Advokasi 17 Anak Korban Perdagangan Orang, Suster dari NTT Dikira Korban Binomo

Tangkapan layar saat tim advokasi 17 anak korban TPPO asal Jawa Barat di NTT dikira korban penipuan trading option binary Binomo, di Komisi III DPR RI, Jakarta, Kamis 24 Maret 2022. (Twitter Damar Juniarto)

Sejak tahun lalu, TRUK-F bersama jaringan HAM Sikka dan Vivat Internasional Indonesia mengadvokasi 17 anak yang diduga korban TPPO dalam penggerebekan di sebuat tempat hiburan malam di Maumere, NTT.

JAKARTA, koranbanjar.net – Pemberitaan tentang sejumlah anggota kongergasi Suster-suster Abdi Roh Kudus (SSpS) menjadi korban penipuan trading binary option Binomo, ternyata keliru. Padahal, pemberitaan itu terlanjur viral.

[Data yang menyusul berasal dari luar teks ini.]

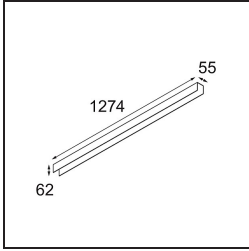

Specifications

Material	13390002
Tipo de fuente de luz	LED
Tipo de LED	NLP
Tecnología LED	PCB LED
CRI	Min. 90
Temperatura del color	2700K
Vida Útil	L80B10 @50.000 horas
Lámpara Incluida	Sí
Número de fuentes de luz	1
Binning (SDCM)	2
Dirección de la luz	Directo
Voltaje de entrada	230V
Luminaire power (W)	22,0
Clasificación eléctrica	I
Clasificación del IP	20
Clasificación de hilo incandescente (°C)	960
Protocolo de regulación	no regulable
Interio/Exterior	Interior
Aplicación	Techo, Pared
Montaje	Superficie
Ajustabilidad	Not Applicable
Distancia al objeto iluminado (m)	0,1
Color principal & Acabado principal	Negro, Mate
Peso bruto (g)	2300,0
Flujo luminoso por lámpara (lm)	926
Eficacia (lm/W)	42
Índice de deslumbramiento	25

TM30 & CRI diagram

Light distribution & beam diagram

Accesorios Decorativo

- 13392032** Cover 1274 1x United Black Structure
- 13392009** Cover 1274 1x United White Structure

Choose a required accessory
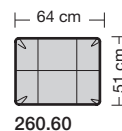

# collection

**erpo**<sup>®</sup>  
Sitz. Kultur.

Lucca-LE18 hoch  
Ausführung Bodenkissen

1. **Zarge**  
ca. 9 cm
2. **Armlehnenbreite**  
ca. 6 cm
3. **Sitzkissenhöhe**  
ca. 15 cm
4. **Rückenkissenhöhe**  
ca. 38 cm
5. **Nackenstützhöhe**  
ca. 24 cm
6. **Armlehnenbreite beim Armlehnkissen**  
ca. 21 cm
7. **Armlehnkissenbreite**  
ca. 27 cm

**Sitzhöhen**  
Sitzhöhe 43 cm  
Sitzhöhe 46 cm durch Verlängerung des Seitenteils

⑥ **Fussausführung**  
Wangenarmlehne mit Metallfussplatte  
Metallkufe  
Holzkufe
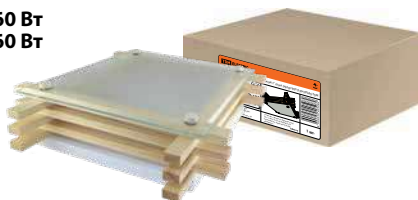

Цвет: сосна

**□ 330 мм, 2x60 Вт
□ 490 мм, 3x60 Вт**

SQ0303-0401, SQ0303-0403

“Dipastikan lewat telepon bahwa kedatangan Suster Fransiska Imakulata SSpS dalam kapasitas sebagai pendamping kasus perdagangan 17 anak di Sikka yang kemudian diadvokasinya dengan mendatangi Mabes Polri dan menemui Komisi III DPR RI pada 24 Maret 2022. Jadi, bukan sebagai korban Binomo. Tidak ada suster jadi korban Binomo,” kata Executive Director and Co-Founder Safenetvoice Damar Juniarto di Jakarta, Sabtu (26/3/2022).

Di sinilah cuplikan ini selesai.